A Single Ketamine Infusion Combined With Motivational Enhancement Therapy for Alcohol Use Disorder: A Randomized Midazolam-Controlled Pilot Trial

This randomized, double-blind, active placebo-controlled pilot study (n=40) examined the effects of ketamine (49.7mg/70kg, n=17) or the active control midazolam (1.75mg/70kg, n=23) combined with motivational enhancement therapy to treat patients with alcohol use disorder. The preliminary data showed that a single ketamine infusion in combination with motivational enhancement therapy improves measures of drinking in patients with alcohol use disorder.

Abstract

Objective: Pharmacotherapy and behavioral treatments for alcohol use disorder are limited in their effectiveness, and new treatments with innovative mechanisms would be valuable. In this pilot study, the authors tested whether a single subanesthetic infusion of ketamine administered to adults with alcohol dependence and engaged in motivational enhancement therapy affects drinking outcomes.

Methods: Participants were randomly assigned to a 52-minute intravenous administration of ketamine (0.71 mg/kg, N=17) or the active control midazolam (0.025 mg/kg, N=23), provided during the second week of a 5-week outpatient regimen of motivational enhancement therapy. Alcohol use following the infusion was assessed with timeline followback method, with abstinence confirmed by urine ethyl glucuronide testing. A longitudinal logistic mixed-effects model was used to model daily abstinence from alcohol over the 21 days after ketamine infusion.

Results: Participants (N=40) were mostly middle-aged (mean age=53 years [SD=9.8]), predominantly white (70.3%), and largely employed (71.8%) and consumed an average of five drinks per day prior to entering the study. Ketamine significantly increased the likelihood of abstinence, delayed the time to relapse, and reduced the likelihood of heavy drinking days compared with midazolam. Infusions were well tolerated, with no participants removed from the study as a result of adverse events.

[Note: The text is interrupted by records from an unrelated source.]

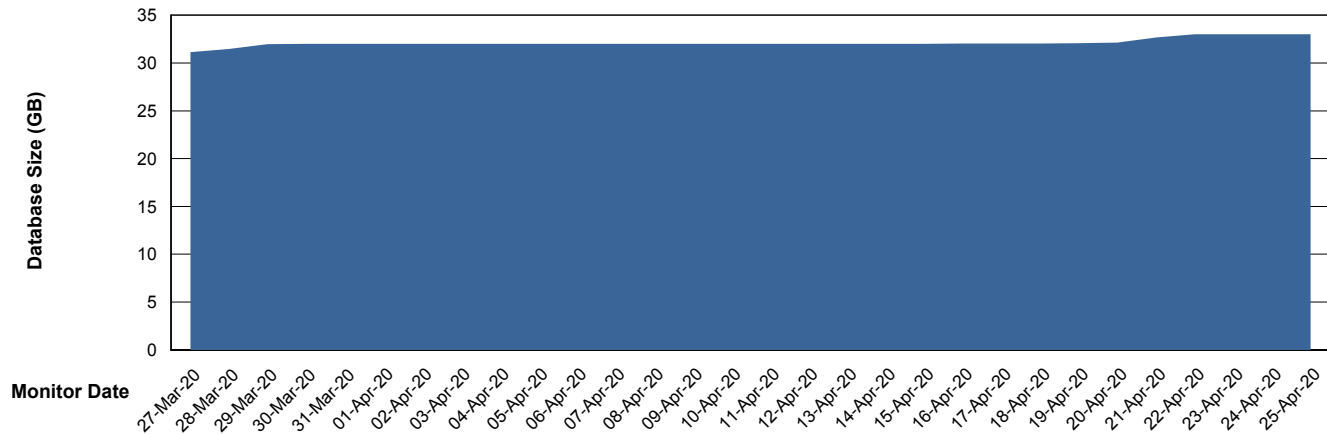

DATABASE SIZE ELJDB_Production

Database growth over last month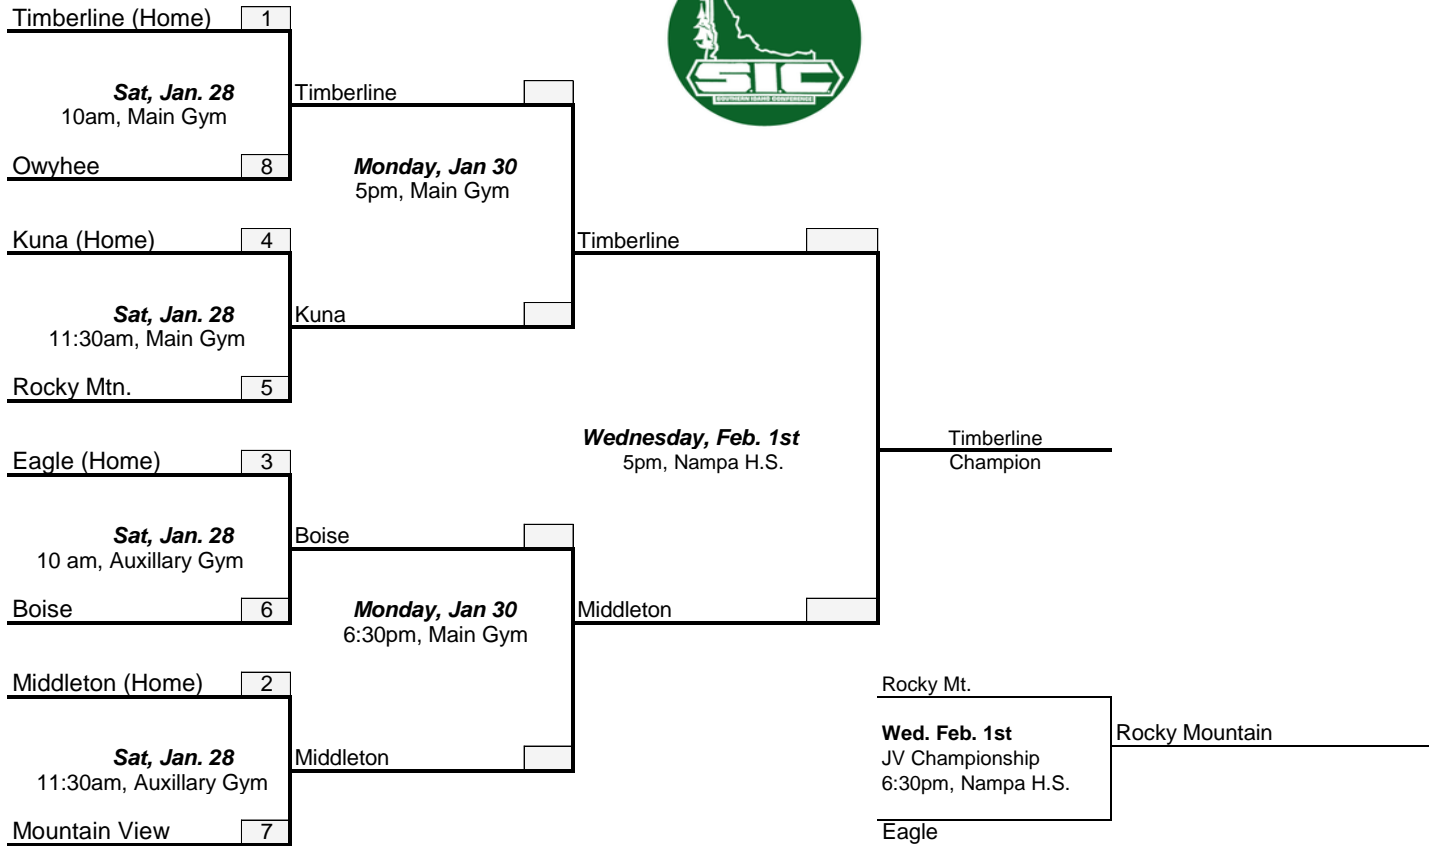

SIC 5A Sophomore Girls District Basketball

January 28, 30, & Feb 1

Admission Prices:

\$6 Adults/Students W/O Activities Card

\$4 Students W/ Activity Card

\$3 Seniors Citizens

\$3 Elementary Students

IDHSAA and SIC passes allowed

GYM WILL OPEN AT 9:15 AM

Higher Seed will wear **HOME** Uniform

Lower Seed will wear **AWAY/ROAD** Uniform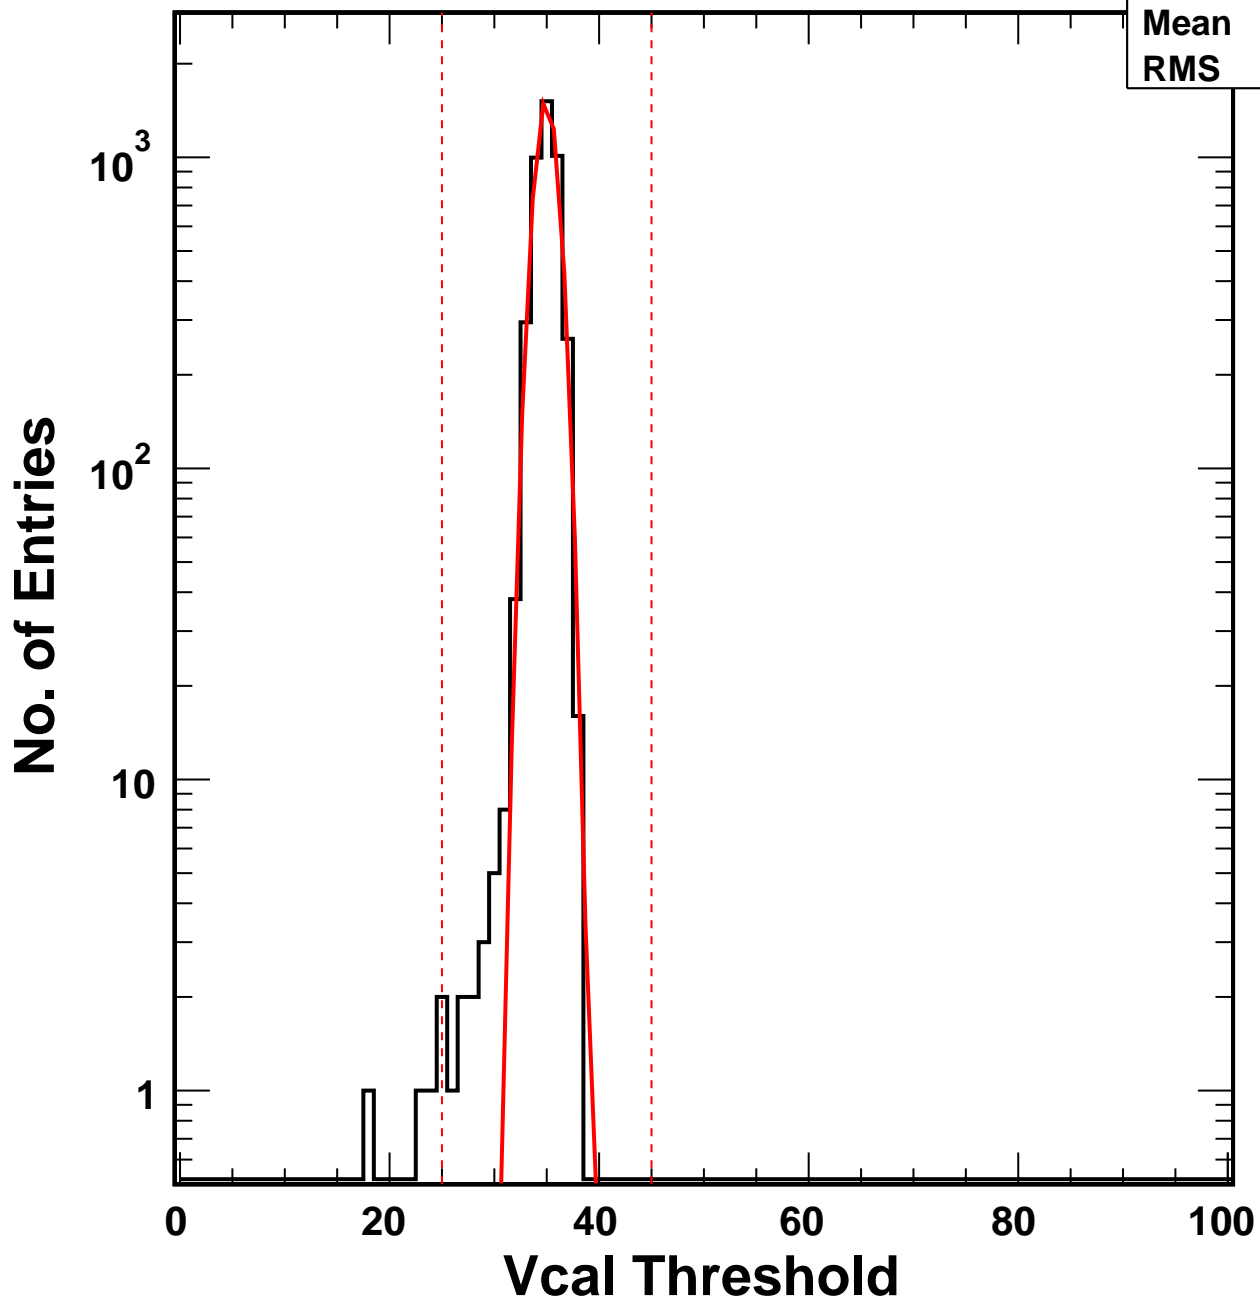

Vcal Threshold Trimmed

VcalThresholdTrimmed_6880

Entries 4160

Mean 34.93

RMS 1.213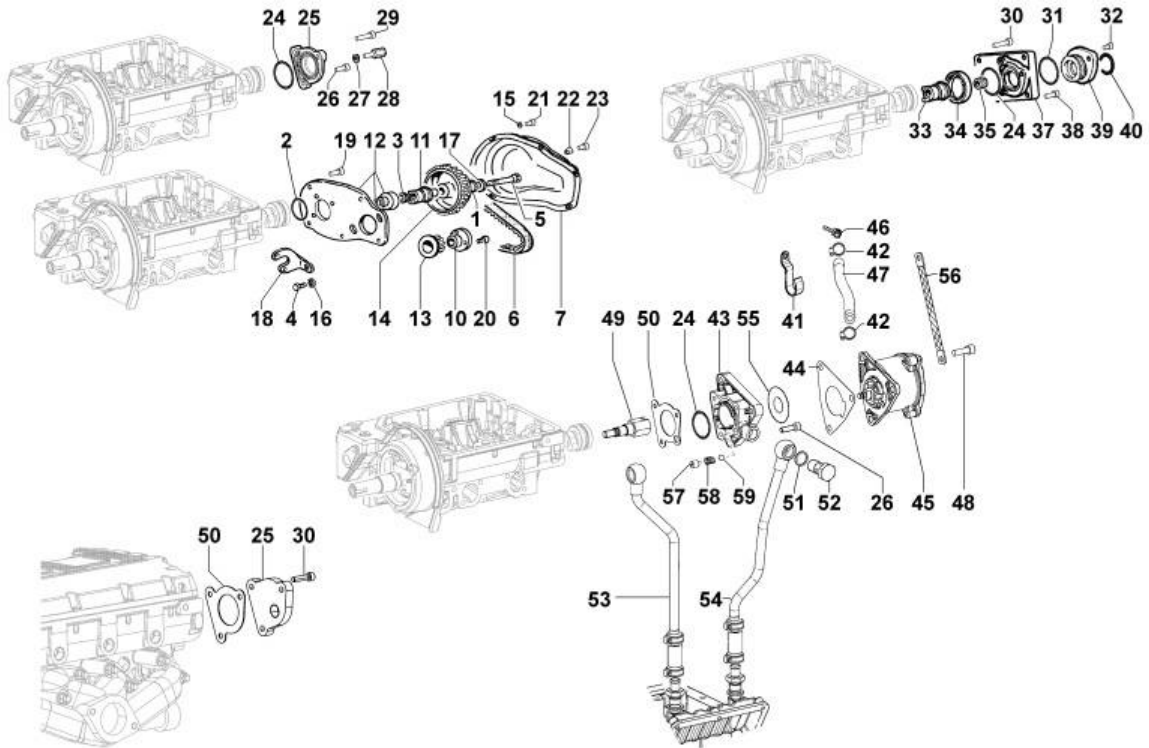

PAGURO - SPARE PARTS CATALOGUE
PAGURO 14000 3-PHASE - 3rd PTO

PAGURO - SPARE PARTS CATALOGUE
PAGURO 14000 3-PHASE - 3rd PTO

NO.	CODE:	DESCRIPTION	Q.TY
24	AD40LO1200233	ORING 40,95X2,62	2
26	AD40LO9730416	SOCKET HEAD SCREW M6X20 WITH DRYLOC	3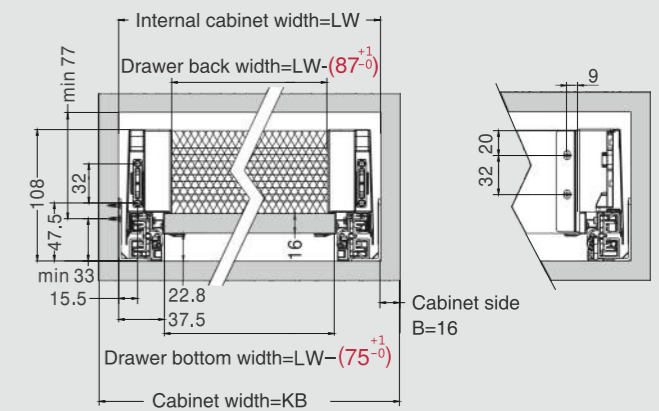

GM - Grey Matt, SS- Stainless Steel

Installation Dimensions(mm)

NL=Nominal Slide Length
LT=Internal Cabinet Depth
LT=NL+3

Screw Positions of the Slides(mm)

Installation Dimensions(mm)

LW=Internal Cabinet Width

Drawer Front, Back and Bottom Dimensions(mm)

KB Cabinet width
LW Internal cabinet width
NL Nominal length

CERVOBOX PRO

Cervobox Pro Lower Inner Drawer

CERVETTI

SPACE REQUIREMENT

DESCRIPTION

- Concealed, full extension
- Dynamic load capacity: 40/50kg
- Tool free assembly and removal of drawer
- Silent system guarantees smooth run without noise
- Up & down adjustment, left & right adjustment
- Finish: Grey matt, Stainless steel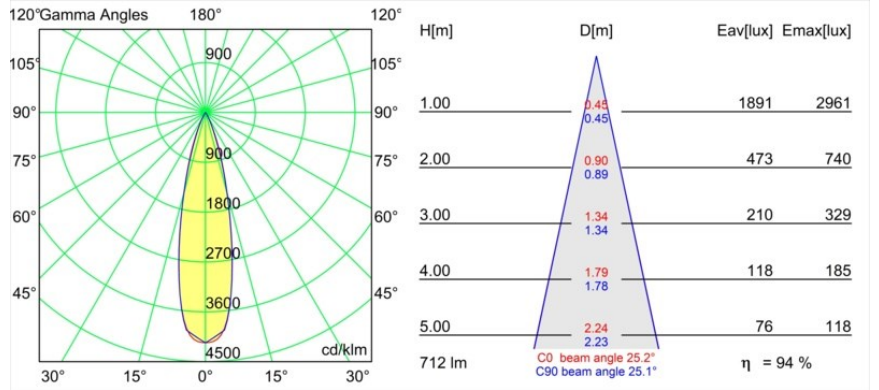

Light distribution & beam diagram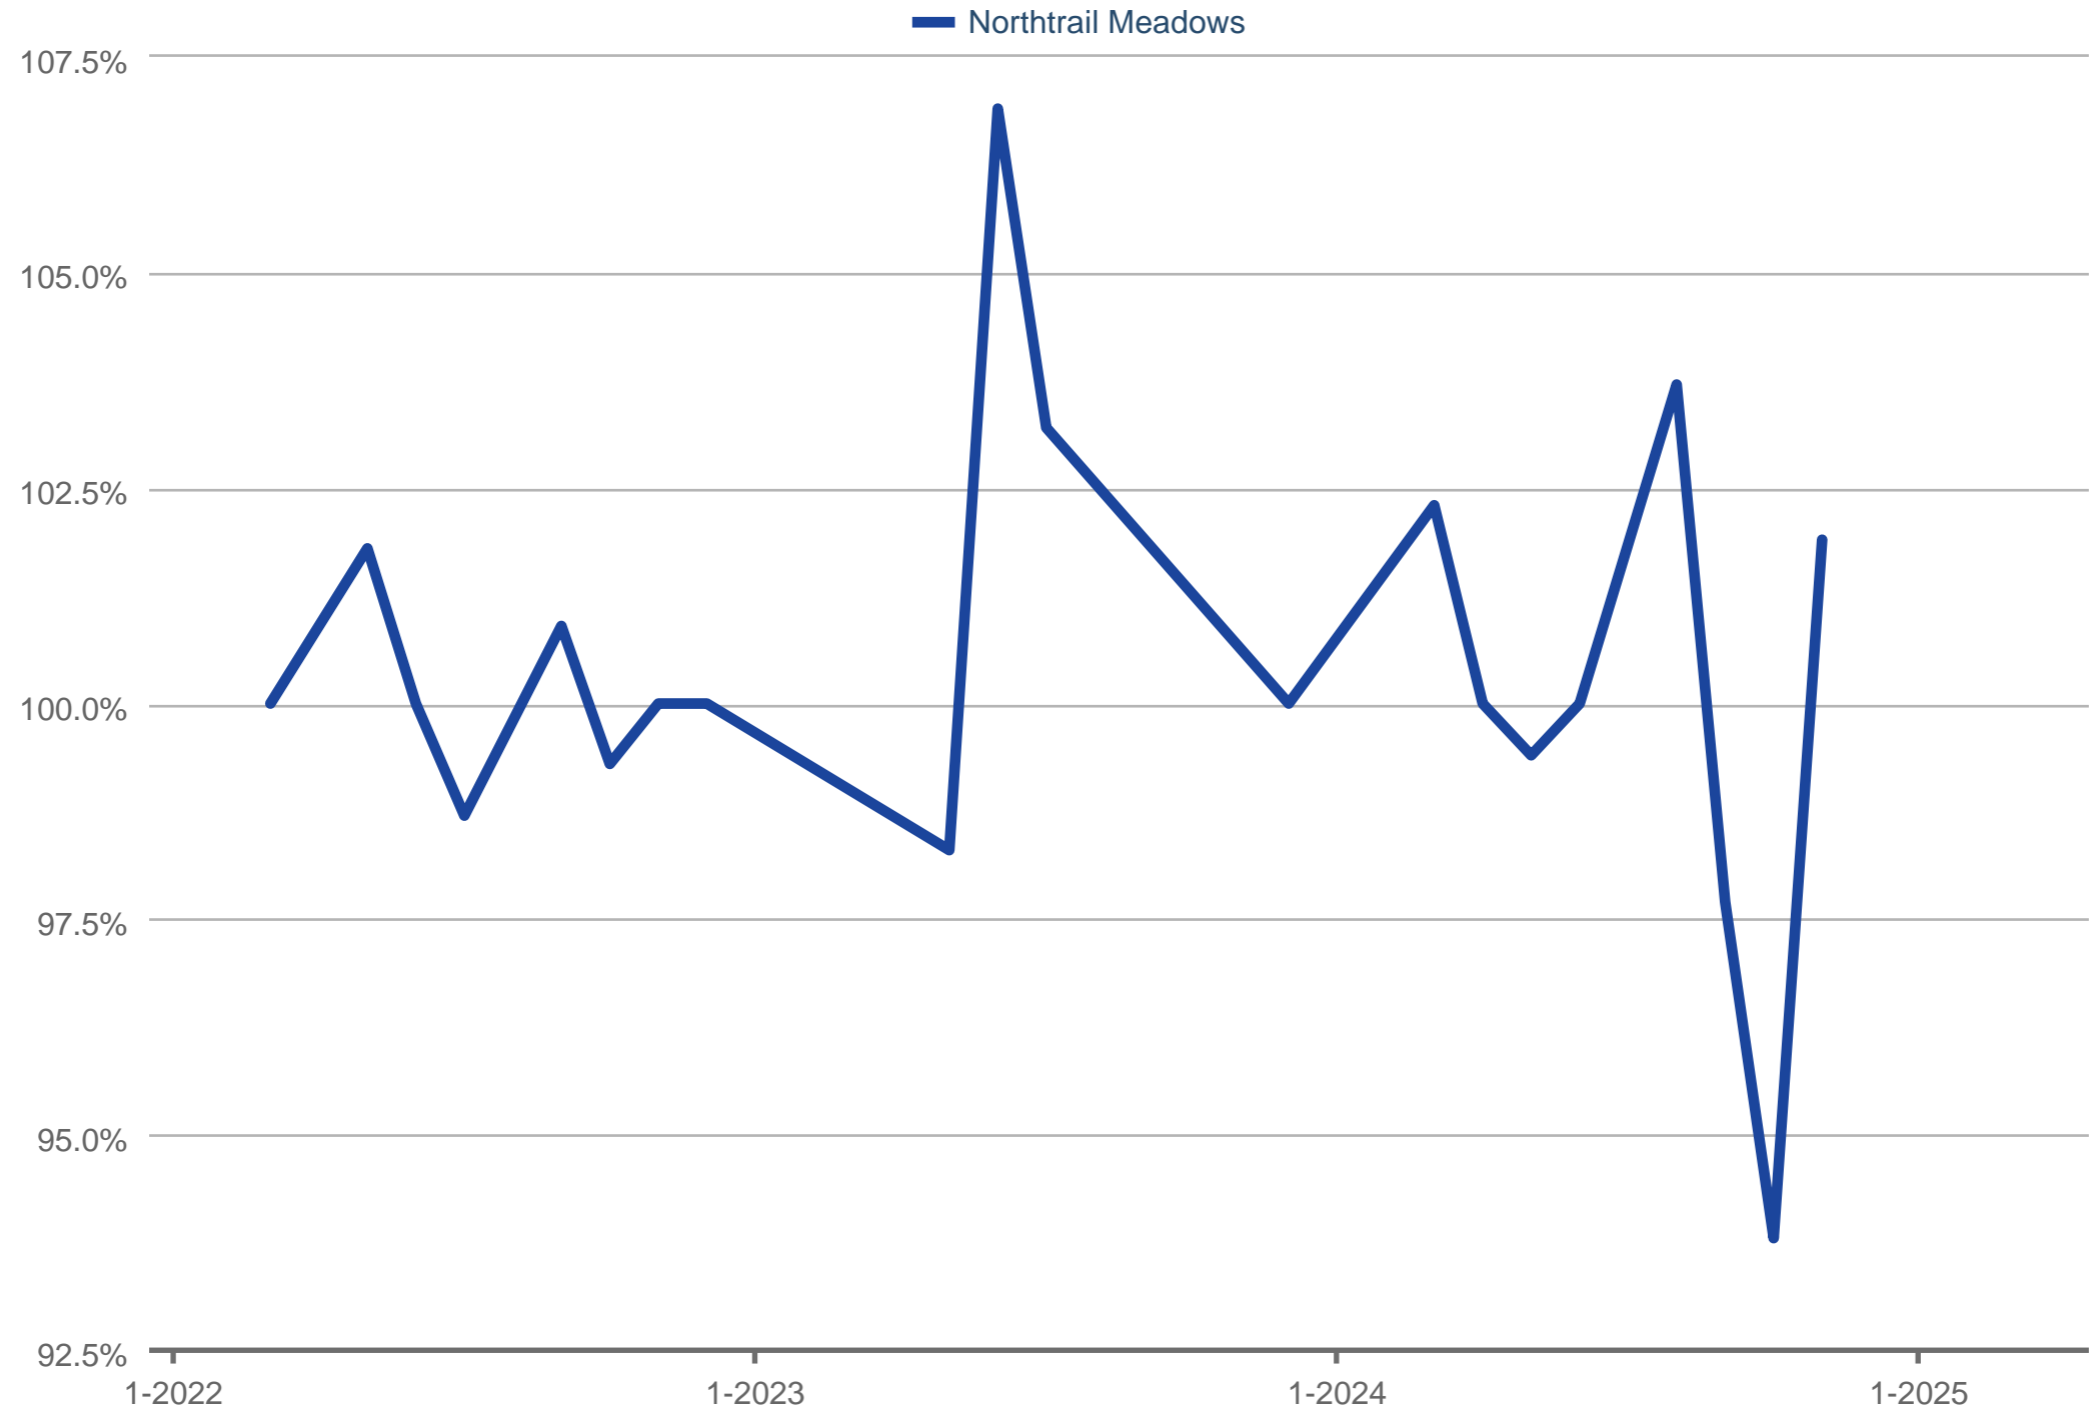

### Average Percent of Last List Price

Each data point is one month of activity. Data is from May 17, 2025.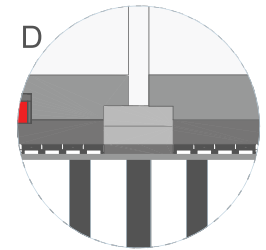

Outdoor

- ① Radar
- ② Emergency Stop Button
  Disabled Button
- ③ Hand Sensor
- ④ Heel Sensor (Optional)
- ⑤ Presence Sensor (Optional)
- ⑥ Control Panel

- ⑦ Connecting Bolt
- ⑧ Bearing Set
- ⑨ 4+4 Laminated Curved Glass
- ⑩ 4+4 Laminated Flat Glass
- ⑪ Horse Hair Brush
- ⑬ Ground Ring
- ⑭ Control Unit

Interior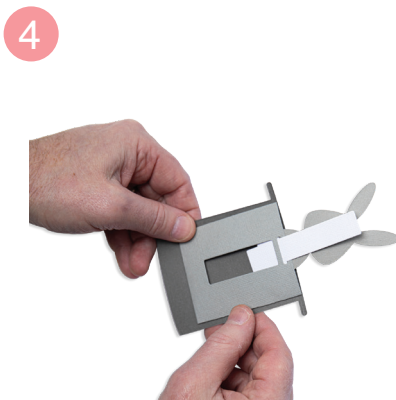

Step by step breakdown:

Conclusions: A single ketamine infusion was found to improve measures of drinking in persons with alcohol dependence engaged in motivational enhancement therapy. These preliminary data suggest new directions in integrated pharmacotherapy-behavioral treatments for alcohol use disorder. Further research is needed to replicate these promising results in a larger sample.”

Authors: Elias Dakwar, Frances Levin, Carl L. Hart, Cale Basaraba, Jean Choi, Martina Pavlicova & Edward V. Nunes

Summary

Pathological alcohol use leads to 3.8% of all deaths globally, and 1% of the gross national product in developed countries. Most affected individuals are not in treatment.

Maladaptive patterns of alcohol use may stem from pre-existing vulnerabilities and may be driven by neural adaptations resulting from problematic alcohol use itself. Ketamine, a high-affinity N-methyl-D-aspartate receptor antagonist, may be an effective treatment for problematic substance use.

Ketamine may have similar benefits to midazolam in persons with alcohol dependence. The study evaluated the effect of ketamine on heavy drinking days and time to relapse or study dropout.

METHODS

Adults with alcohol dependence were randomly assigned to receive an intravenous ketamine infusion in the second week of a 5-week outpatient trial. The infusion was given on a quit day during week 2, and participants were required to abstain from alcohol for at least 24 hours before the infusion.

Participants

Participants were assessed with the Mini-International Neuropsychiatric Interview for DSM-IV and underwent medical and psychiatric evaluation, including serum collection (electrolytes, CBC, and liver function tests) and other diagnostic tests. They were excluded if they had a history of severe withdrawal symptoms.

and Outpatient Visits

Participants in Project MATCH received motivational enhancement therapy, which was considered unlikely to obscure medication efficacy.

Six motivational enhancement therapy sessions were provided over 5 weeks to achieve the participants’ goals. A session was provided 24 hours after the ketamine infusion to capitalize on the hypothesized motivation-enhancing effects of ketamine.

Participants were counseled to reduce the number of drinks per day, and came to the clinic twice weekly for motivational enhancement therapy and to meet with a psychiatrist. They were also assessed for alcohol-related vulnerabilities, and a telephone follow-up was conducted 6 months after the trial.

Infusion Procedures

Participants were asked to abstain from alcohol and fast before the infusion, and were informed they might receive any of several medications.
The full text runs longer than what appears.